WORK TASK: Would you please copy every line below that includes the string "NTSC"?

[Data records]
————————
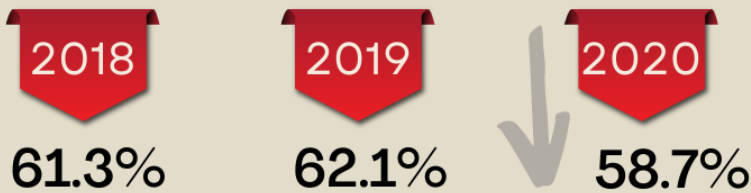

ANNUAL LABOR STATISTICS IN CENTRAL VISAYAS (2018-2020)

**TOTAL POPULATION
IN THE LABOR FORCE
IN CENTRAL VISAYAS**

**LABOR FORCE
PARTICIPATION RATE
IN CENTRAL VISAYAS
(IN PERCENTAGE)**

**EMPLOYMENT RATE
IN CENTRAL VISAYAS
(IN PERCENTAGE)**
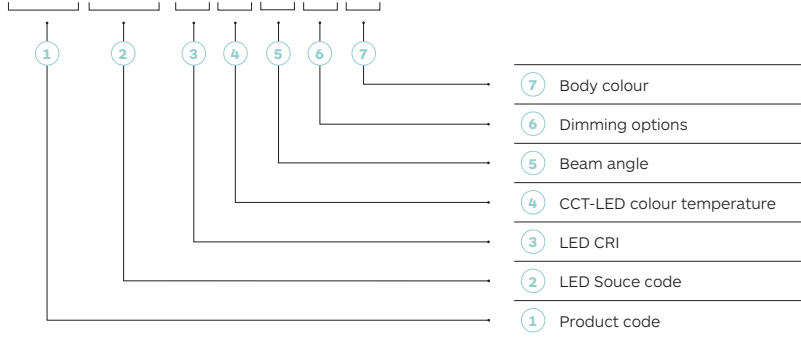

Code System

For Standard Products

Code ordering example: **T 9 6 3 B R 2 1 - 9 0 3 0 B S D A 5 4**
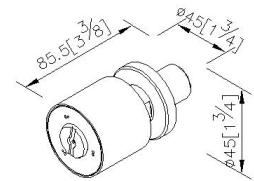

Lucky 7

Shower Jet 6777-BJ-80CP

INTRODUCTION:

Succinct pillared shape design simplified lines of outlets and handle for presenting complete figure to be brief and elegant, and decreasing time and cost of production. Stick handle has been designed to operate easily in wet or slippery conditions. Combine with head shower, hand shower and 2 kinds of sprays of shower jet, Lucky 7 shower combination could bring more joys for user as showering.

DESCRIPTION:

- 1.The diverter has been passed 50,000 times lifespan test.
- 2.Easy to install and disassemble for replace the components.
- 3.Lifespan of holder fastener up to 10,000 swivels test
- 4.The faucet should be used at the water presure from 1 to 4 kg/cm².
- 5.Swiveling filler with diverter valve to change the flow from hand shower to bath filler.
- 6.Rotate to remove the shower spray head for clearing if necessary.
- 7.Material of body meets JIS 3771 standard.
- 8.Brass with chrome-plated; SC2 standard of ASTM for 3 years guarantee; pass 96 hours Salt Spray Test.
- 9.With G 1/2 to water supply wall outlet
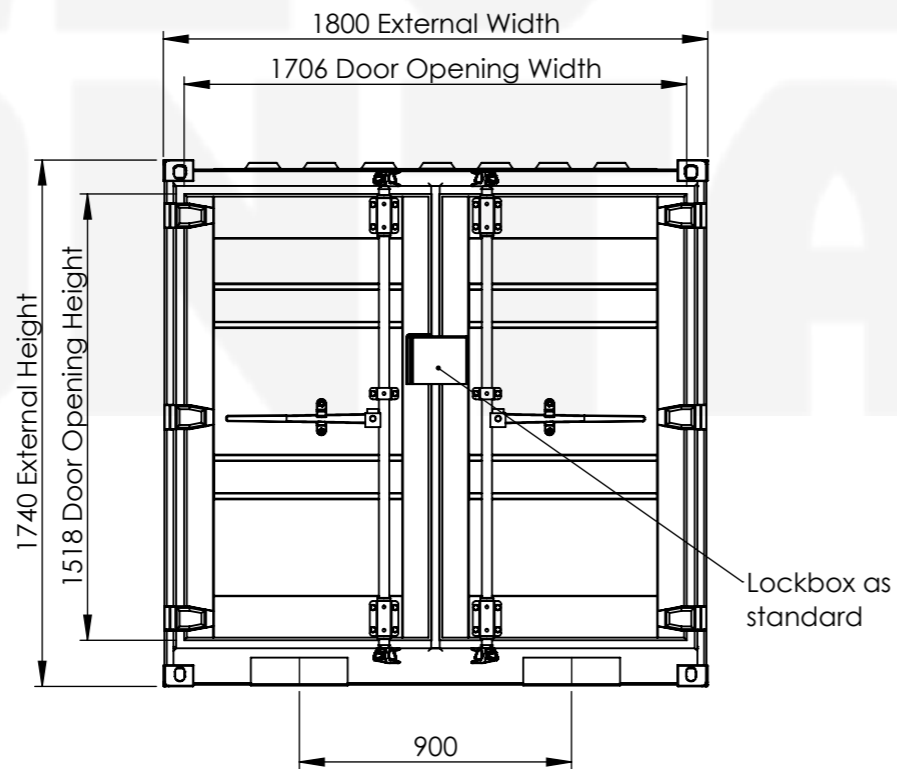

Max. Gross Weight	4,000 KG	8,820 LBS
Tare Weight	710 KG	1,565 LBS
Max. Payload	3,290 KG	7,255 LBS
Cubic Capacity	5.6 m <sup>3</sup>	199 ft <sup>3</sup>
Floor Area	3.6 m <sup>2</sup>	39 ft <sup>2</sup>

Preliminary Drawing for Information Only

REVISION:		DO NOT SCALE DRAWING	
PROJECT:		Cleveland Containers Standard Containers	
DESCRIPTION:		7' Miniset Container	
SCALE: 1:25 (UNLESS STATED OTHERWISE)		SHEET 1 OF 1	
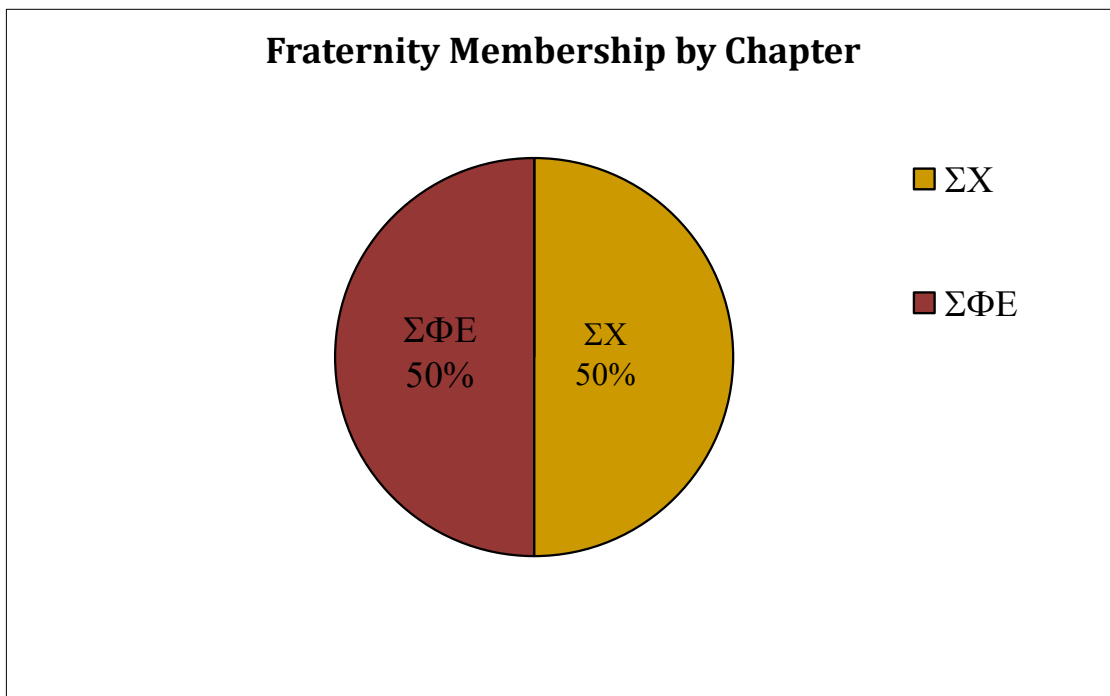

Clarion University Fraternity Grade Report - Spring 2021

<u>Fraternity</u>	Active Members		New Members		Total Members	
	Number	GPA	Number	GPA	Number	GPA
Sigma Chi	5	3.341	2	3.625	7	3.431
Sigma Phi Epsilon	4	2.406	3	3.867	7	3.032
Fraternity Statistics	9	2.925	5	3.770	14	3.227
University Men's Average	741	2.999				
Freshman Men's Average	220	2.968
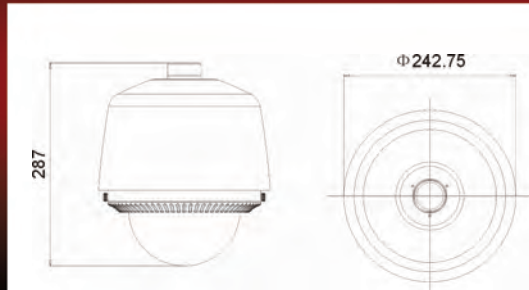

DS-2AF1-615X/DS-2AF1-605X 26X Analog Speed Dome Indoor/Outdoor

Specifications

Camera

Image Sensor	1/4" Sony EXview CCD
Effective Pixels	PAL: 752 (H)×582 (V) NTSC: 768 (H)×494 (V)
Horizontal Resolution	480TVL
Signal System	NTSC / PAL
Min. Illumination	1.0Lux / F1.4 (Color) 0.01Lux / F1.4 (B/W)
White Balance	ATW / Manual
AGC	Auto / Manual (On/Off)
S/N Ratio	50dB
BLC	ON / OFF
Electronic Shutter Speed	1/4s to 1/10,000s
Day & Night	Auto IR Cut Filter (On/Off)
Digital Zoom	Up to 12x
Privacy Masking	Up to 24 zones; 8 zones masked simultaneously in one image
Auto Focus	Auto / Manual

Pan & Tilt

Pan Range	360° endless rotation
Pan Speed	0.3°/s-400°/s (proportional zoom ratio)
Tilt Range	0°~90° (auto flip)
Tilt Speed	0.5°~150°/s (proportional zoom ratio)
Preset Positions	200
Tour Mode	OFF / Preset / Patrol (up to 8) / Pattern (up to 4) / Auto Scan / Random Scan / Frame Scan
Freeze Frame	Between Presets
Scheduled Task	Programmable Preset / Patrol / Auto Scan / Pattern / Random Scan / Frame Scan.
Restore/Reboot	Previous PTZ and lens status
PTZ Position Display	ON / OFF

Lens

Zoom Ratio	26x Zoom (3.5-91 mm)
Zoom Speed	Approx. 4.0 sec (Optical WIDE- TELE)
Field of View	1.6° to 42°
Min. Working Distance	320 mm (WIDE), 1500 mm (TELE)
Aperture Range	F1.4-F3.8

Input/Output

Monitor Output	1.0V[p-p] / 75Ω, NTSC (or PAL) composite; BNC
----------------	--
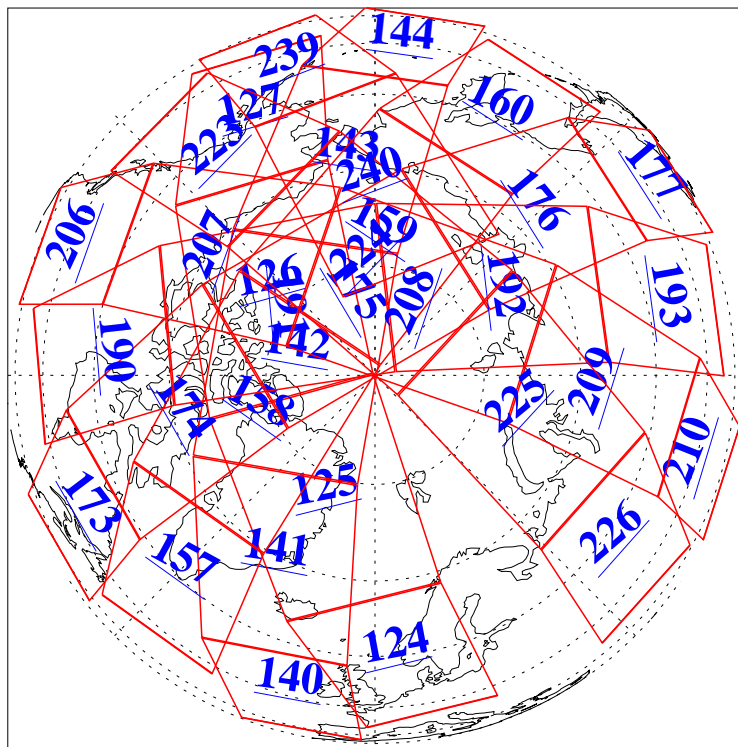

L1B Availability
AMSU Granules: 240
HSB Granules: 0
AIRS Granules: 240

30 May 2011
DoY 150
Aqua Day 3313
Granules: 1 to 120

Granules: 121 to 240

Legend: AMSU Available, HSB Available, AIRS Available

L1B Availability
 AMSU Granules: 240
 HSB Granules: 0
 AIRS Granules: 240

30 May 2011
 DoY 150
 Aqua Day 3313
 Ascending Granules

Descending Granules

Legend: AMSU Available, HSB Available, AIRS Available

L1B Availability
 AMSU Granules: 240
 HSB Granules: 0
 AIRS Granules: 240

30 May 2011
 DoY 150
 Aqua Day 3313

Northern Hemisphere Granules

Southern Hemisphere Granules

Legend: AMSU Available, HSB Available, AIRS Available
————————
COMPLETED EXERCISE:
Effective Pixels	PAL: 752 (H)×582 (V) NTSC: 768 (H)×494 (V)
Signal System	NTSC / PAL
Monitor Output	1.0V[p-p] / 75Ω, NTSC (or PAL) composite; BNC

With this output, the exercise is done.